If you ever attempt to brush the teeth (recommended to everyone) be sure to give a treat right after. Yes it defeats the purpose a tad but the dog will take to brushing much more quickly 
There's also dog formula tooth paste. Do not ever use human tooth paste. Don't ever use Xylitol. Use flavored tooth paste (beef, chicken) or try baking soda.

I like to slide the toothbrush into the mouth (get a kid toothbrush for smaller dogs, adult soft for bigger dogs, you don't need a DOG toothbrush), along the teeth in the cheek pocket, without prying the jaws apart. It makes the dog feel much less threatened that way.


----------



## llombardo (Dec 11, 2011)

Jax08 said:


> OP - I've found this product
> Natural Pet Grooming Products - Pet Shampoos, Conditioners, Colognes, Oral Care, Stain & Odor and More!
> used with brushing with an enzyme toothpaste really cleans their teeth up. It loosens the tartar and plaque.
> 
> It's highly advisable to brush your dogs teeth and will save costly dental cleanings down the road.


Thanks for that link. I use the arm and hammer products now and they work great too.


----------



## Jax08 (Feb 13, 2009)

I like this stuff.

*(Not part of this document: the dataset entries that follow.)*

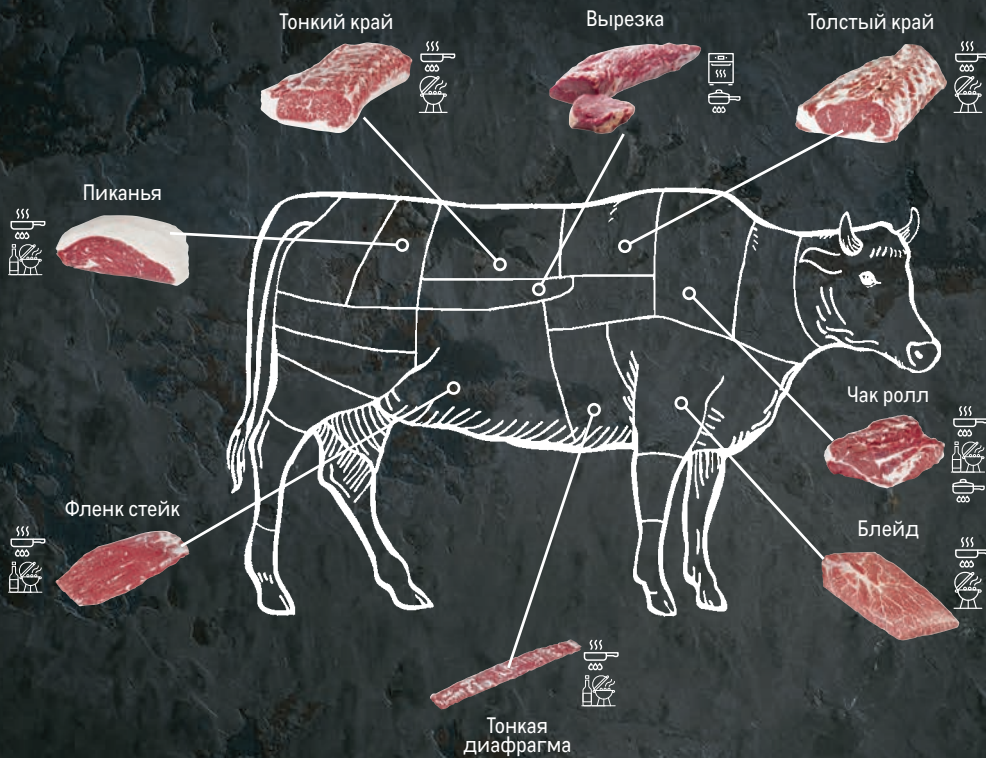

МРАМОРНАЯ ГОВЯДИНА. ЭКСКЛЮЗИВНО В МЕТРО

МРАМОРНАЯ ГОВЯДИНА ИЗ УРУГВАЯ

3917

ресторанов покупают у нас эти товары

- Имеет концентрированный говяжий вкус
- Обладает насыщенным ароматом с легкими ореховыми нотками
- При жарке теряет меньше влаги
- Обладает высоким качеством благодаря сложной технологии вызревания
- 200 дней зернового откорма
- Специально для METRO, прямой импорт

Этот отруб пользуется популярностью за концентрированный мясной аромат. Помимо стейков данный отруб - отличная основа для сэндвичей, азиатский блюст стир-фрай и рулетов.

999⁰⁰
1кг

**Толстый край
из мраморной говядины**
охлажденный
арт. 621632

It works. The only issue I have is I can't find out what the "natural cleansers" are.


----------



## GatorBytes (Jul 16, 2012)

My dog eats his raw carcass's every night and the occasional rib bone. 

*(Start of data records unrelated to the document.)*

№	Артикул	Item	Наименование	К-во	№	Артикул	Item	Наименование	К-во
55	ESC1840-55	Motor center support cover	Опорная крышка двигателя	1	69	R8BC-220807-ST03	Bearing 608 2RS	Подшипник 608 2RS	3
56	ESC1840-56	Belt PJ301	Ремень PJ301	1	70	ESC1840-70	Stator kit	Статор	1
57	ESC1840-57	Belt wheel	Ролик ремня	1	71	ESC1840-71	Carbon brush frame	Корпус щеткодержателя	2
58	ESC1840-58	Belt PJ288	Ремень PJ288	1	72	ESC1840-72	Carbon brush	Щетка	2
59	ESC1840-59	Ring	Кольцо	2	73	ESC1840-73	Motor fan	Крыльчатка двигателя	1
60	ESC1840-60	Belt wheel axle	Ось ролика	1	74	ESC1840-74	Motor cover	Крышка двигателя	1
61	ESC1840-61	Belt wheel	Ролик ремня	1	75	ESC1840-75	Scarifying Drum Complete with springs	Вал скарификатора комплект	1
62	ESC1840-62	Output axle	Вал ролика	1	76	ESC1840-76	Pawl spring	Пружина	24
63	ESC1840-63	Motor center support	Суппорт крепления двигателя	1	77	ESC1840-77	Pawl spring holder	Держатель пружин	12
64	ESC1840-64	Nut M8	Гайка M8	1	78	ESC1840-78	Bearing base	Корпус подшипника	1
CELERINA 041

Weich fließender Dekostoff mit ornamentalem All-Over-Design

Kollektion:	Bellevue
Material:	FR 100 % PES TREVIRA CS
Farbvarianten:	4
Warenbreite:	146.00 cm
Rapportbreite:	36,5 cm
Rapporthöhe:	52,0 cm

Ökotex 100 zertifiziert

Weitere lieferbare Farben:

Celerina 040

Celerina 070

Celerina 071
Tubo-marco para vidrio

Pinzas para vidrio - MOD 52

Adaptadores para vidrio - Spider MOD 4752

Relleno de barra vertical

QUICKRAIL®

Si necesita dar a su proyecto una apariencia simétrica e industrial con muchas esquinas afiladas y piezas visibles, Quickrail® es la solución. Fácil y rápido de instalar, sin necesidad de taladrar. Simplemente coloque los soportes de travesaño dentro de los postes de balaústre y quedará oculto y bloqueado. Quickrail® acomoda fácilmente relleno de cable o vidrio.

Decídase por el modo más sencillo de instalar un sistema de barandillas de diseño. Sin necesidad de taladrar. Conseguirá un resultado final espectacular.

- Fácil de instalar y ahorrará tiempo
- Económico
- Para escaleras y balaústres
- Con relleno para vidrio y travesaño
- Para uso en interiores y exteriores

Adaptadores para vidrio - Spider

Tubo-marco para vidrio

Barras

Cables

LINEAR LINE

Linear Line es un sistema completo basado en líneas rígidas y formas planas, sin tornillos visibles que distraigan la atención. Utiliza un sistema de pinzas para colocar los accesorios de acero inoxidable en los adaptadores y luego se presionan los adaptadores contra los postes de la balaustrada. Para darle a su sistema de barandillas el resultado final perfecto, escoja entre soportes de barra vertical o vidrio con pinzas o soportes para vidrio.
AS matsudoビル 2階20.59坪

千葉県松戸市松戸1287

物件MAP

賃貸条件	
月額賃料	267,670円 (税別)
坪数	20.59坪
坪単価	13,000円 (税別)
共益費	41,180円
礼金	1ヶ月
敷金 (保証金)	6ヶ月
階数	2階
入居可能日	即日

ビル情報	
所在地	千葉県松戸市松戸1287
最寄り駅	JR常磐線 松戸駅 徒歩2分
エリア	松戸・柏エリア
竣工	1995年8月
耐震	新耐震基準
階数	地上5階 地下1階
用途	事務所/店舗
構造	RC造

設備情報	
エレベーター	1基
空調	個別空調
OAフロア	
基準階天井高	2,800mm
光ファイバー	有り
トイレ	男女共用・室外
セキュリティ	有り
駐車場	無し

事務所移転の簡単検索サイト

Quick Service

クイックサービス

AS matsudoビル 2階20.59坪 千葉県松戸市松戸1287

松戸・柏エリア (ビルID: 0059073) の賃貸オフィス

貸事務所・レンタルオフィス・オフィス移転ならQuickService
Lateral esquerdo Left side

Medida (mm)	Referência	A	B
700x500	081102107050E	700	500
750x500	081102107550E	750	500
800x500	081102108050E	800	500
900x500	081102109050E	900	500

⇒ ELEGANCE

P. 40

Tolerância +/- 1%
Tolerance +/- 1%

Not a speck of tarter, and never had a toothbrush in his mouth


----------



## llombardo (Dec 11, 2011)

GatorBytes said:


> My dog eats his raw carcass's every night and the occasional rib bone.
> 
> Not a speck of tarter, and never had a toothbrush in his mouth


And if the day ever comes that your dog can't chew bones?? Will you brush the teeth then??? Just asking. I don't think that giving them bones is bad at all and it does help.


----------



## kelina (Nov 17, 2012)

llombardo said:


> I would not advise anyone checking a dogs mouth while they are asleep..especially a deep sleep. To attempt this one is looking to get bit. What would a person do if they were sleeping and someone opened their mouth..I'm guessing punch them right in the face, since they are now half up and don't know whats going on. As far as brushing the teeth, that is something that should be done and done on a regular basis. It doesn't matter if its hard to do at first, the dog will learn. I haven't been to a vet that doesn't ask if I brush their teeth. When you(not you, but a general you) have to pay and put your dog under for a dental, it will be costly and dangerous...since it does require anesthesia. Bones are good, but brushing should be a part of it too.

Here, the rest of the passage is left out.